Animal studies have systematically delineated the pathogenic role of BAs metabolic disturbances. In chronic inflammatory pain models, fecal microbiota transplantation from socially subordinate mice exacerbated anxiety-like phenotypes in pseudo-germ-free recipients, with anxiety behaviors inversely correlating with elevated levels of specific BA metabolites (D8′-merulinic acid A, 12-ketodeoxycholic acid, 7-oxolithocholic acid, 3α-hydroxy-7-oxo-5β-cholanic acid). Metabolomic analyses linked these metabolites to gut microbiota taxa such as Coriobacteriaceae UCG-002 [67]. In high-fat/high-sugar diet models, obeticholic acid (OCA) ameliorated neuroinflammation by reducing hippocampal microglial infiltration and IL-1β expression while normalizing taurocholic acid levels [68]. Bile duct ligation-induced hepatic encephalopathy rats demonstrated that hepatic BA accumulation disrupted AMPK-mediated energy metabolism and neuroprotection, exacerbating anxiety, whereas gallic acid alleviated symptoms via AMPK activation [69]. Clinical parallels emerge in primary biliary cholangitis patients, where altered BA profiles and dysbiosis co-occur [70], suggesting gut microbiota-BA crosstalk in gut–brain signaling. Mendelian randomization by Xiao et al. [71] confirmed causal links between primary BA biosynthesis (e.g., CA metabolism) and anxiety risk, mediated by nuclear receptor–GPCR interplay. Notably, 12-ketodeoxycholic acid and 7-oxolithocholic acid inversely correlated with anxiety, supporting their biomarker potential.
Genetic knockout models further validated the roles of BA receptors. FXR-null mice exhibited reduced anxiety but impaired cognition and motor coordination, attributed to elevated hippocampal GABA/Glu ratios and cerebellar monoamine dysregulation (NE, 5-HIAA) [72]. Conversely, TGR5 deficiency increased anxiety-like behaviors, paralleling reduced hippocampal 5-HT and 5-HT1A receptor expression. Remarkably, transplanting TGR5−/− microbiota into wild-type mice recapitulated anxiety and serotonergic deficits [73], underscoring microbiota–gut–brain axis mediation.
Similar BA-anxiety associations extend to irritable bowel syndrome (IBS) and Crohn’s disease (CD). Aziz et al. [74] identified idiopathic bile acid diarrhea (BAD) in 25% of diarrhea-predominant IBS patients, where elevated colonic BAs drive visceral hypersensitivity and gut–brain axis dysregulation, amplifying anxiety risk. BouSaba et al. [75] reported higher anxiety/depression scores and BA sequestrant use in BAD-positive IBS patients. In CD, fecal HDCA and 12-DHCA inversely correlated with depression, while serum GCA and 7-DHCA positively associated with anxiety [76].
Collectively, these findings elucidate multidimensional mechanisms linking BA metabolism to anxiety via nuclear receptor signaling, microbial modulation, and gut–brain communication, providing a robust rationale for BA-targeted therapeutic strategies in mood disorders.

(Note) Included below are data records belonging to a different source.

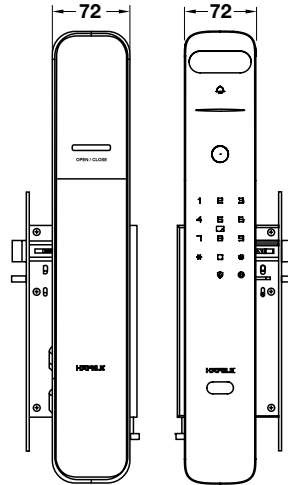

Sử dụng cho dòng khóa: PP8100, DL7600, ER5100

KHÓA
NHẬN DIỆN
KHUÔN MẶT
FACE ID SERIES

HAFELE

PP9100

Khuôn mặt
Face

Vân tay
Finger print

Kết nối App
For App connection

Mã số
Pin Code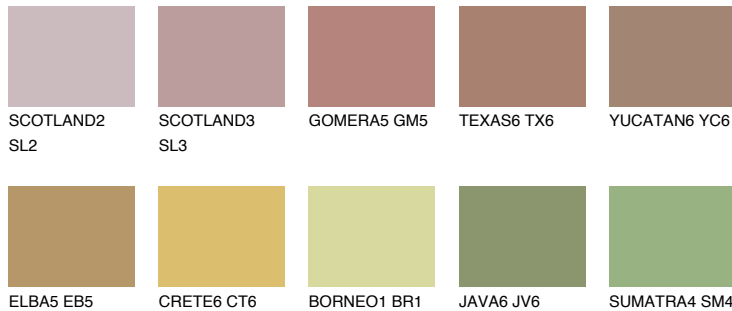

**IBIZA6 IB6**☀ 25% **TSR** 24%

## Соодветна нијанса

### COLOURS OF NATURE ПАЛЕТА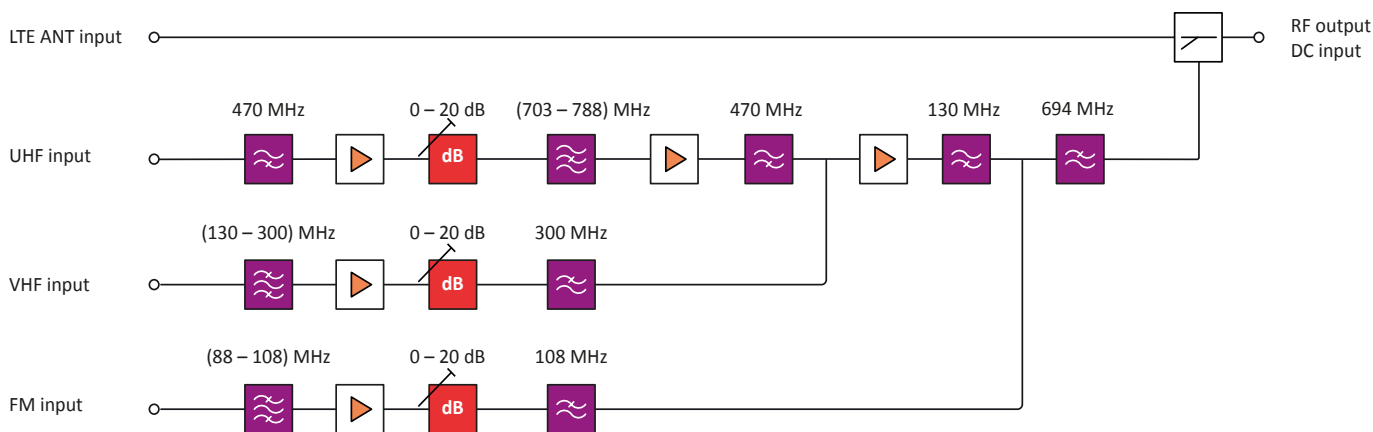

AlteR LTE & DVB-T/T2 -erotin

Ominaisuudet:

- F-tuloliitin mastovahvistimella.
- F-lähtöliitin TV/FM:lle.
- SMA-liitin LTE-modeemille.
- Erillinen liittämä 12 V:n AC/DC -virtalähteelle.
- Asennus ilman erityistyökaluja.
- Ei tarvita erillistä kaapelointia.

AlteR Virtalähde

Ominaisuudet:

- Sisääntulo: AC 100...240 V, 50–60 Hz, 200 mA.
- Ulostulo: DC 12 V, 500 mA.
- Soveltuu ainoastaan sisäkäyttöön.

AlteR SMA-SMA kaapeli

Ominaisuudet:

- 2 m liiäntäkaapeli LTE-modeemille
- SMA-SMA liittimet
- Väri: valkoinen

AlteR antennimastovahvistin

AlteR LTE & DTB-T/-T2 erotin

Tekniset tiedot

Mastovahvistinpaketti AlteR-KT

Mastovahvistin

Tulojen määrä		4
Vahvistus	FM (87.5...108 MHz)	maks. 10 dB
	VHF (130...300 MHz)	maks. 20 dB
	UHF (470...694 MHz)	maks. 30 dB
	LTE (703...862 MHz)	-2.5 dB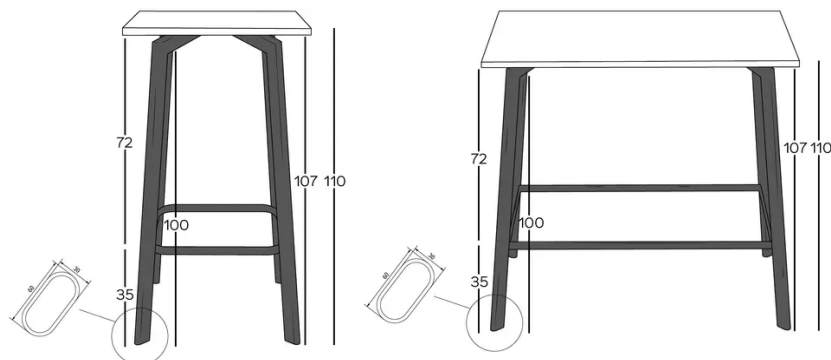

VERLENGBLAD(EN)

VEILIGHEID

Onze tafels zijn zwaar en er zijn twee personen nodig om ze in elkaar te zetten of te verplaatsen.

AFMETINGEN (CM)

60x60 cm, 70x70 cm, 80x80 cm, 90x90 cm, 60x70 cm, 80x120 cm, 80x140 cm, Ø 60 cm, Ø 70 cm, Ø 80 cm, Ø 90 cm

AVILA TO110

WELKE AFMEETING KIEZEN ?

GEWICHT & VERPAKKING

Afmetingen: RD 60 cm

Aantal pakketten: 2
 Brutogewicht: 24 kg
 Verpakkingsvolume: 0,14 m³

Afmetingen: RD 70 cm

Aantal pakketten: 2
 Brutogewicht: 26 kg
 Verpakkingsvolume: 0,16 m³

Afmetingen: RD 80 cm

Aantal pakketten: 2
 Brutogewicht: 30 kg
 Verpakkingsvolume: 0,18 m³

Afmetingen: RD 90 cm

Aantal pakketten: 2
 Brutogewicht: 33 kg
 Verpakkingsvolume: 0,20 m³

Afmetingen: 60x60 cm

Aantal pakketten: 2
 Brutogewicht: 26 kg
 Verpakkingsvolume: 0,14 m³

Afmetingen: 70x70 cm

Aantal pakketten: 2
 Brutogewicht: 28 kg
 Verpakkingsvolume: 0,16 m³

Afmetingen: 80x80 cm

Aantal pakketten: 2
 Brutogewicht: 33 kg
 Verpakkingsvolume: 0,18 m³

Afmetingen: 90x90 cm

Aantal pakketten: 2
 Brutogewicht: 37 kg
 Verpakkingsvolume: 0,20 m³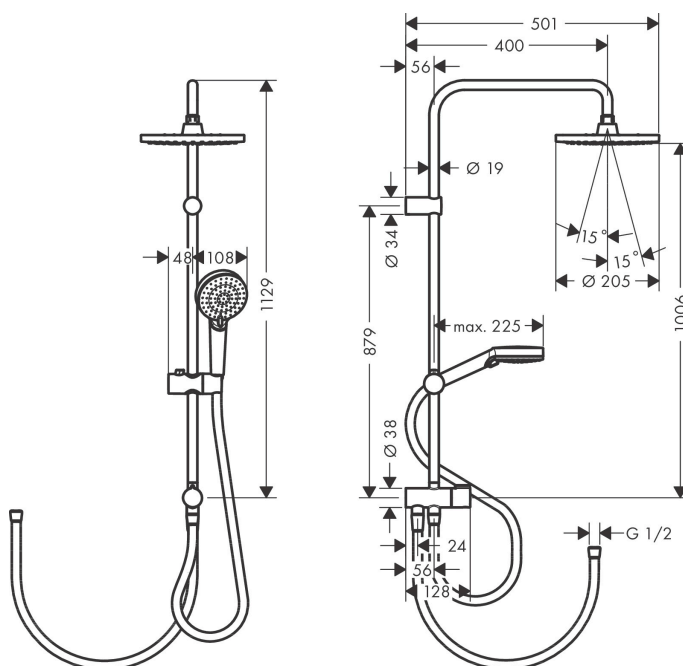

Varumärke	hansgrohe
Art. Namn	Vernis Blend Showerpipe 200 1jet Reno EcoSmart
Art. Nr.	26099000
Ytskikt	krom
Pos	1

Produktbild

Teknologi

Funktioner

- bestående av: huvuddusch, handdusch, duschslang, glidfäste
- huvuddusch Vernis Blend 200 1jet
- duschstorlek huvuddusch: 205 mm
- stråltyp huvuddusch: Rain
- kullad: huvuddusch med inställningsbar vinkel
- stråltyp handdusch: Rain, IntenseRain
- samtidig användning av 2 funktioner
- maximal flödesmängd vid 3 bar: 8,7 l/min
- monteringsstyp: ytmontering
- stångdiameter: 19 mm
- höjddjusterbar handduschhållare med Select-knapp
- duscharsmlängd: 400 mm
- vattenanslutning: Metaflex duschslang 80 och 160 cm
- anslutningsgänga G 1/2
- ljudklass: I
- flödesklass: O, O
- PA-IX 38052/100

Ritning

Flödesdiagramm

1 Huvuddusch

2 Handdusch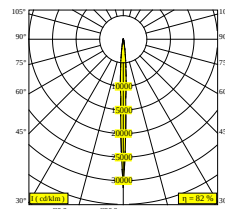

NOCTA RD80 DOWN-UP SP 927

30115 9200 FBRX

DOSTĘPNE W

ALU SZARY 30115 9200 A

CZARNY 30115 9200 B

FLEMISH BRONZE NA ZEWNĄTRZ 30115 9200 FBRX

ANTRACYT 30115 9200 N

BIAŁY 30115 9200 W

Zobacz na stronie internetowej

Ogólne informacje

LOKALIZACJA	zewnątrzne
MONTAŻ	Ściana Montowane na powierzchni
STOPIEŃ OCHRONY	IP65
OCHRONA PRZED UDERZENIEM MECHANICZNYM	IK06
WAGA (KG)	1.4
MOŻLIWOŚĆ REGULACJI	bez regulacji
INFORMACJA	INCL.4 x LENS INCL.LED POWER SUPPLY 700 mA-DC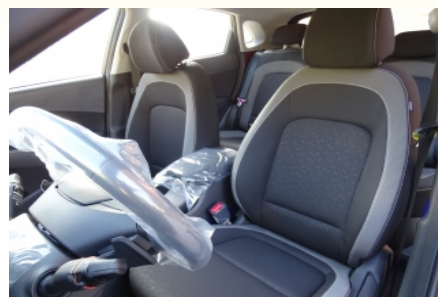

Optional & Accessori Installati sull'Automobile

Sistema di assistenza anti-collisione frontale con riconoscimento.. Codice 350,00 €

Vernice metallizzata/micalizzata Codice 650,00 €

Totale Listino del Nuovo con Optional & Accessori 27.300,00 €

OFFERTA N°1084984

facebook

4,6 ★ 4,6 su 5 stelle
318 recensioni

5 stelle 260
4 stelle 30
3 stelle 5
2 stelle
1 stella 23

4,5 ★★★★★ 71 recensioni

Prezzo iva inclusa; escluso spese di immatricolazione o passaggio di proprietà; acconto per la convalida del contratto pari al 10%; validità offerta 15 giorni salvo il venduto.

Pur controllando costantemente la qualità delle informazioni riportate; la lista delle caratteristiche, degli equipaggiamenti di serie e dei dati tecnici, potrebbero non essere sempre aggiornati. Le case costruttrici, nell'ambito del continuo miglioramento del prodotto, si riservano il diritto di apportare variazioni tecniche, estetiche o di qualsiasi altra natura in qualsiasi momento senza alcun preavviso. Il presente documento è di proprietà della euro target s.r.l. contiene informazioni di carattere confidenziale rivolte esclusivamente all'utente del sito. È vietato l'uso, la diffusione o riproduzione da parte di ogni altra persona. qualsivoglia utilizzo non autorizzato del contenuto di questa offerta costituisce violazione, salvo più grave illecito, ed espone il responsabile alle relative conseguenze. Data di stampa 05/12/2019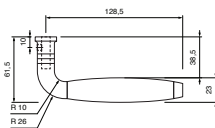

EBBEN

KERSEN

BEUKEN

**EIKEN
WHITE WASH**

Voor welke
sfeer gaat u?

CHARMANT & RUSTIEK

LANDELIJK & AUTHENTIEK

1920-1930 STIJL

MODERN & ZELFBEWUST

ZAKELIJK & SPORTIEF

GPF4230 Ika
Bestelnr. GPF 4230 01 100 RVS mat/ ebben
XL: GPF 4231 01 100

GPF4330 Ika
Bestelnr. GPF 4330 01 100 RVS mat/ ebben
XL: GPF 4331 01 100

GPF4245 Ika
Bestelnr. GPF 4245 01 100 RVS mat

GPF4345 Ika
Bestelnr. GPF 4345 01 100 RVS mat

INFO
PAG.
26-28

5. Therapeutic Applications and Clinical Challenges of Bile Acid-Targeted Agents

5.1. Dual Challenges in BA Metabolic Profiling and Pharmacokinetics

Substantial interindividual variability in gut microbiota composition, BA metabolic activity, and receptor expression/function contributes to heterogeneous therapeutic responses to BA-based interventions in depression, with additional modulatory effects from age, sex, genetics, and lifestyle factors [77]. Dynamic fluctuations in BA profiles, driven by microbial BA hydrolase (BSH)-mediated dehydroxylation/oxidation of primary BAs into secondary forms (e.g., DCA, LCA) [78,79], postprandial BA release rhythms, and disease-associated metabolic dysregulation (e.g., diabetes, hepatotoxicity) [80,81], pose significant challenges for reliable BAs quantification. Technical limitations further compound these issues: short-term sample stability (serum BAs degrade within 1 week at 4 °C and 2 months at −20 °C) [82], detection sensitivity constraints for low-abundance BAs and structurally complex microbial-conjugated BAs (MCBAs), and analytical complexity in disentangling confounders (diet, genetics, comorbidities) through multiomics integration [78].
Interspecies differences in BAs metabolism critically limit translational validity. Murine-specific muricholic acids (MCAs), which exhibit FXR-antagonistic properties absent in humans, confound preclinical findings. Cyp2c70-knockout models, generating human-like BA profiles by abolishing MCA synthesis, highlight the necessity of species-tailored mechanistic studies [83].
Pharmacokinetic hurdles include poor oral bioavailability (<3% for OCA) due to rapid bacterial hydrolysis, hepatic/renal clearance, and intestinal degradation of hydrophilic BAs (e.g., UDCA), versus membrane toxicity risks from hydrophobic analogs (e.g., DCA). Structural optimization strategies (6α-ethyl or sulfonate modifications) enhance metabolic stability and hepatobiliary secretion efficiency, exemplified by OCA’s taurine-conjugated derivative [84]. However, systemic exposure risks (bile acid accumulation-related cholestasis, diarrhea) and BBB penetration limit CNS-targeted efficacy. Innovative delivery systems (micelles, enzyme-responsive lipid nanoparticles [LNPs]) may overcome these barriers by improving solubility, tissue-specific release, and target organ enrichment [85,86].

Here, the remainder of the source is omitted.